Detective Eddie Boone (James Black) and his buddy and partner Mike Weitz (Tom Hoover) are on the drug beat. One night they are lured into a trap by their snitch Squeaky (Michael Cagnoli). Mike disappears encountering some of the zombie-like victims of the new drug Ozone, while Eddie gets injected with a small dose of it.
The bust going tits up does of course lead to the expected trouble with the cops’ captain (Jerry Camp); on the other hand, he doesn’t seem too bothered with one of his men just disappearing for quite some time. Eddie, on the other hand, is very much bothered, and begins an odyssey through the strangest parts of his city at night, searching for his friend and encountering ever more bizarre Ozone-made mutants and weird situations. At the same time he also has to fight the psychological and physical changes that little dose of the drug he got hit with inflicts upon him.
Director/writer/editor/producer etc J.R. Bookwalter is of course one, if not the godfather of the DIY type of US indie horror. Ozone may very well be his magnum opus (unless there’s still something great coming from him, something I’d be very happy about). It’s a little wonder for a film of its type, the sort of thing where ambition, actual ability (I’ll always believe that Bookwalter could have been one of the great popular horror directors if a company threw some actual, no strings attached, money at him), and a bit of luck come together to make a damn good film, instead of “just” a damn good film made on the semi-professional level.
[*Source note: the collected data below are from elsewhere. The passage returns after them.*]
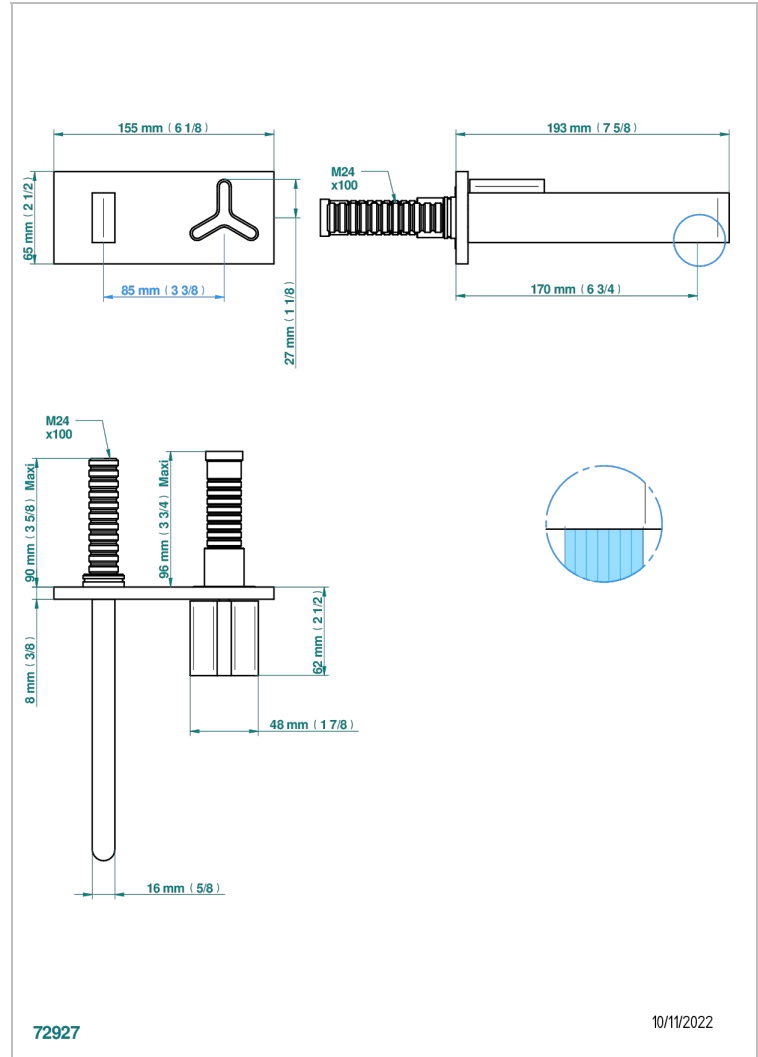

# ICON-X CARBONE OR

U7S-6543PB

THG<sup>®</sup>  
PARIS

Garniture pour mitigeur de lavabo mural sur plaque, à encastrer ( 2 arrivées 1/2" et 1 sortie 1/2") avec bec, cartouche progressive

## CARACTÉRISTIQUES

- Icon-x carbone or
- Garniture pour mitigeur de lavabo mural sur plaque, à encastrer ( 2 arrivées 1/2" et 1 sortie 1/2") avec bec, cartouche progressive

## PRODUITS ASSOCIÉS

- Ref. G00-6543A Partie à encastrer monobloc pour mitigeur progressif de lavabo mural
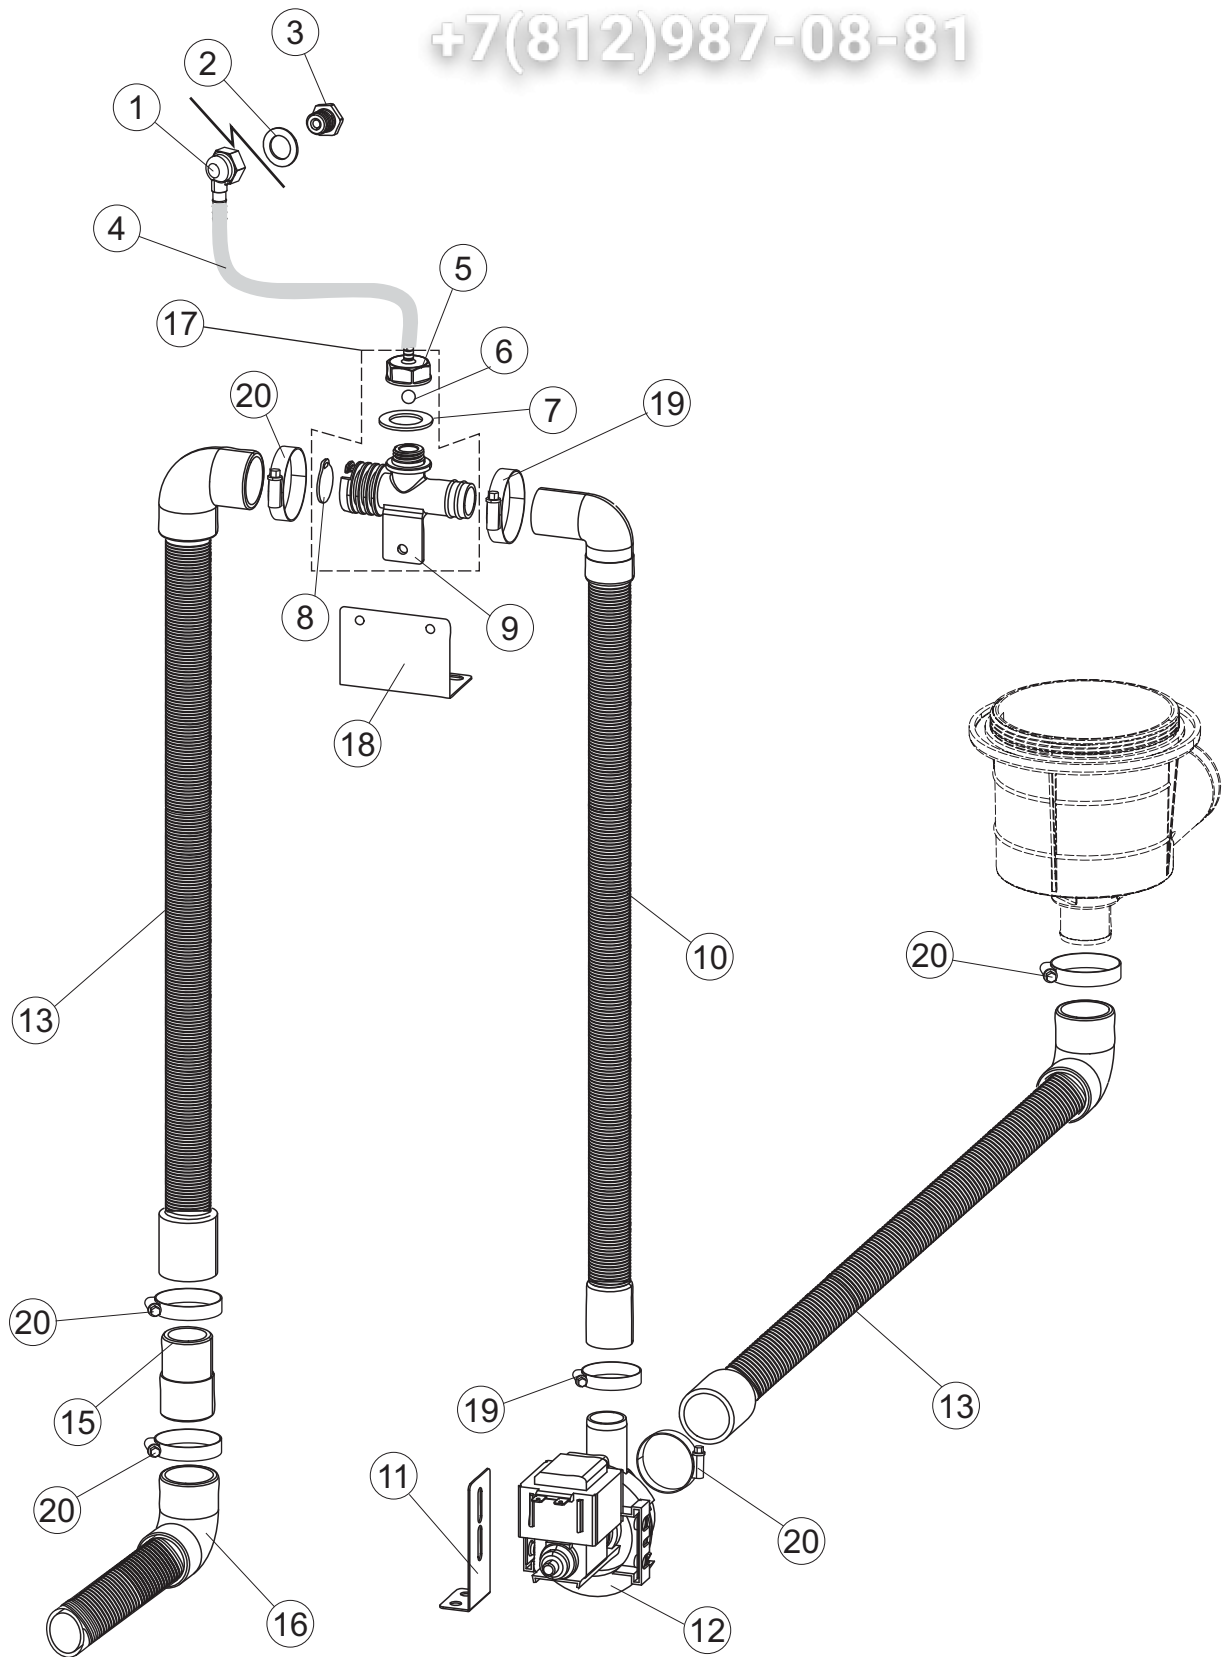

Seite	Position	Code	Alter Code	Beschreibung
1	1	73849		NICHT IN DER PREIS LISTE
1	2	927088	CWM7	MAGNETE PER MICROINTERRUTTORE
1	3	73039		HAUBE ISOLIERT
1	4	70210		FERMO LEVA DX CAPP (RAL5015)
1	5	70211		FERMO LEVA SX CAPP (RAL5015)
1	7	70094		ROHR
1	8	73120		HANDGRIFF
1	9	70192		UNTERSTÜTZUNG
1	10	70208		LEVA SX CAPP (RAL7040)
1	11	70209		LEVA DX CAPP (RAL7040)
1	14	70277		KUPPLUNGSFEDERN SCHUH
1	15	70092		FLANSCH
1	17	70031		HAKEN FEDERN
1	18	926108	CMT520	SPANNFEDER HAUBE f5.5 121/..
1	19	926009	DAG332	HAKEN, FEDERREGUL. 100/120/140
1	20	K70365		NICHT IN DER PREIS LISTE
1	21	70998		DISTANZ
1	22	70036		LINKS-UNTERSTÜTZUNG
1	23	70035		RICHTIGE UNTERSTÜTZUNG
1	24	73255		RAHMEN
1	25	73019		STABSPANNFEDERN
1	26	70072		RECHTE SEITENWAND
1	27	70071		LINKEN SEITENWAND
1	28	41042	C.41042	KLEBENPER SCHLEGER
1	29	80078	C.80078	BEF.WINKEL, UNTERABLAGEFL.GOLD PG MASCHINENFERTIG
1	30	73279		FRONTBLENDE
1	31	73100		FUESS
1	32	70265		ZAPFEN
1	33	70250		SEITENTÜR KÖRBE
1	34	80871		TUERKONTAKTSCHALTER
1	35	70300		HALTERUNG NEUTRALEN GRIFF
2	1	70503		PANEL SAUGDAMPFES KOMPLETTE
2	3	70579		NICHT IN DER PREIS LISTE
2	4	70594		PANNELLO POSTERIORE INF.RECUPERATORE
2	5	70521		VENTILATORE PER RECUPERATORE CAPOT
2	6	70552		AKKU (CU-AL) ART.B-9251438
2	7	70524		STAFFA BATTERIA RECUPERATORE
2	8	70525		STAFFA RECUPERATORE COMPLETO
2	9	70526		STAFFA SCATOLA PG FINITO
2	10	70536		CONDENSATORE 1.5 UF
2	11	70549		BOCCOLE PASSACAVO SB875-11 NERE
2	12	70592		PANNELLO POSTERIORE SUP.RECUPERATORE
3	1	73074		NICHT IN DER PREIS LISTE
3	2	70090		NICHT IN DER PREIS LISTE
3	3	70539		RACCORDO LAVAGGIO (FORI APERTI RISC.)
3	4	70540		GUARNIZIONE BASE RECUPERATORE
3	5	70543		TUBO SAGOMATO RECUPERATORE
3	6	70544		TAPPO TUBO RECUPERATORE
3	7	70549		BOCCOLE PASSACAVO SB875-11 NERE
3	8	73463		RUECKWAND CPL 463
3	9	70569		FLANGIA RECUPERATORE LASERATA
4	1	70459		PANEL SCHALTKASTEN
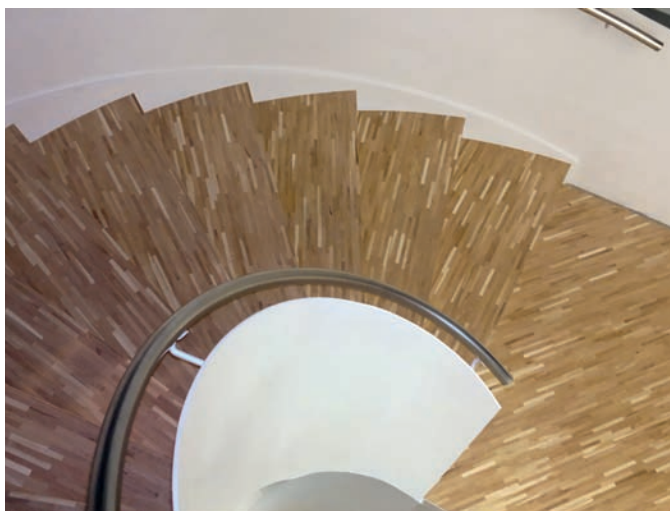

Realizace:
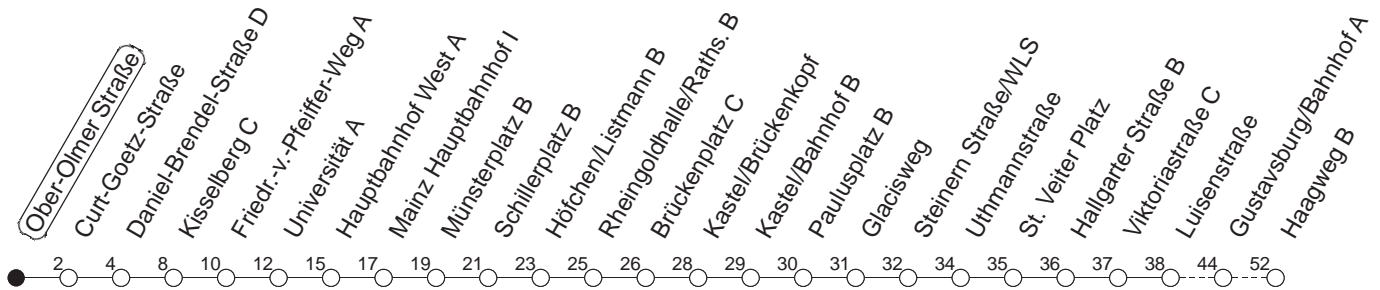

54

Ober-Olmer Straße

BUS

→ Gustavsburg/Haagweg

🕒	Mo.-Fr. (Schule)			Mo.-Fr. (Ferien)			Samstag		Sonn-/Feiertag	
4	23 _G	53		23 _G	53					
5	23	49		23	49					
6	09	32		09	32		15 _G	45 _G		
7	02	24 _K	32	02	32		15 _G	45 _G		
8	02	32 _G		02	32 _G		15 _G	32 _G	15 _G	45 _G
9	02	32 _G		02	32 _G		02 _G	32 _G	15 _G	45 _G
10	02	32 _G		02	32 _G		02 _G	32 _G	15 _G	45 _G
11	02	32 _G		02	32 _G		02 _G	32 _G	15 _G	45 _G
12	02	32 _G		02	32 _G		02 _G	32 _G	15 _G	45 _G
13	02	32		02	32		02 _G	32 _G	15 _G	45 _G
14	02	32		02	32		02 _G	32 _G	15 _G	45 _G
15	02	32		02	32		02 _G	32 _G	15 _G	45 _G
16	02	32		02	32		02 _G	32 _G	15 _G	45 _G
17	02	32		02	32		02 _G	32 _G	15 _G	45 _G
18	02 _G	32		02 _G	32		02 _G	45 _G	15 _G	45 _G
19	02 _G	32		02 _G	32		15 _G	45 _G	15 _G	45 _G
20	02 _G	15 _H	45 _G	02 _G	15 _H	45 _G	15 _G	45 _G	15 _G	45 _G
21	15 _G	45 _G		15 _G	45 _G		15 _G	45 _G	15 _G	45 _G
22	15 _G	45 _{Gfn}		15 _G	45 _{Gfn}		15 _G	45 _G	15 _G	
23	15 _{Gfn}	45 _{Gfn}		15 _{Gfn}	45 _{Gfn}		15 _G	45 _G		
0	15 _{Gfn}			15 _{Gfn}			15 _G			

G : Nur bis Gustavsburg/Bahnhof

H : Nur bis Hauptbahnhof

K : Nur bis Hauptbahnhof, ab Hauptbahnhof weiter als Linie 76 über Kaisertor bis Straßenbahnamt/LBBW

fn : Nur Nacht Freitag auf Samstag und Nacht vor Feiertag auf den Feiertag

gültig ab: 01.04.22

Ferien in Rheinland-Pfalz: 11.04. - 22.04. / 27.05. / 17.06. / 25.07. - 02.09. / 17.10. - 31.10.22.

Weitere Infos im Verkehrs Center Mainz (Tel. 0 61 31 - 12 77 77) und www.mainzer-mobilitaet.de
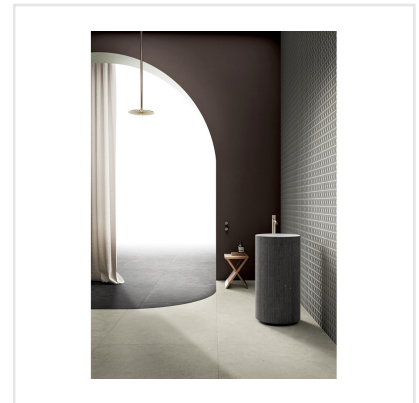

SOLIDA WHITE

Som namnet antyder är Solida en gedigen serie granitkeramik som platsar både inne och ute. Serien är inspirerad av nordisk sten. Den harmoniska ytan lämpar sig väl för både minimalistiska och lyxiga miljöer. Den välbalanserade färgpaletten i Solida-serien är utformad för att passa naturligt i alla sammanhang, vilket ger den en känsla av välbefinnande som bara orörd natur kan erbjuda.

Art nr:	6610
Serie:	Solida
Färg:	Vit
Yta:	Matt
Storlek:	15x15 cm
Antal/m ² :	44,44
Placering:	Golv & Vägg
Priskod:	M18
Plats:	7:8, 7:8, C08, PB59

KONRADSSONS

KAKEL

Sure, there are moments when the seat of their pants filmmaking is visible, and the acting’s not consistently great, but Ozone never feels like a film that needs its viewer to excuse its flaws with it being indie, because so much of it is simply exactly like it is supposed to be. Of the course, the way it is supposed to be isn’t necessarily the way a mainstream horror movie should be shaped – but that’s only a bad thing if you need all movies to follow the same rules all of the time. A horrible idea, if you ask me.
One of the clear stars of the production are the incredible special effects that begin with relatively standard pizza face pseudo-zombie business but very quickly - once Eddie starts on his odyssey through the night - escalate into realms of the creepily surreal close in style and quality to what Screaming Mad George sometimes did in/for Brian Yuzna productions. There’s so much incredible stuff on screen here – including a sex scene to ween anyone off of sex scenes for the future – the film would be worth your time for it alone.
However, Ozone also works very well indeed as one of those films about a character dropped into the dark side of his city, learning – potentially terrible – truths about the nightside of his world as well as himself. It’s actually rather effective at this, turning up the weirdness of living by night via the power of the surreal and the strange. Dark underbellies, it turns out here, are darker and much weirder than you think.
Apart from Bookwalter’s fun use of well-worn cop and action movie tropes, the film’s mood often feels like an early 90s indie horror version of the more surreal and weird end of 70s US horror, films like Lemora, a Child’s Tale of the Supernatural or Messiah of Evil, movies which, as this one does, weren’t afraid of ignoring the favoured filmmaking handbooks of their time and just went for doing what felt right. There’s a degree of fearlessness that comes with this territory I find absolutely admirable, a willingness to do whatever feels right for a film, rules and budgets be damned.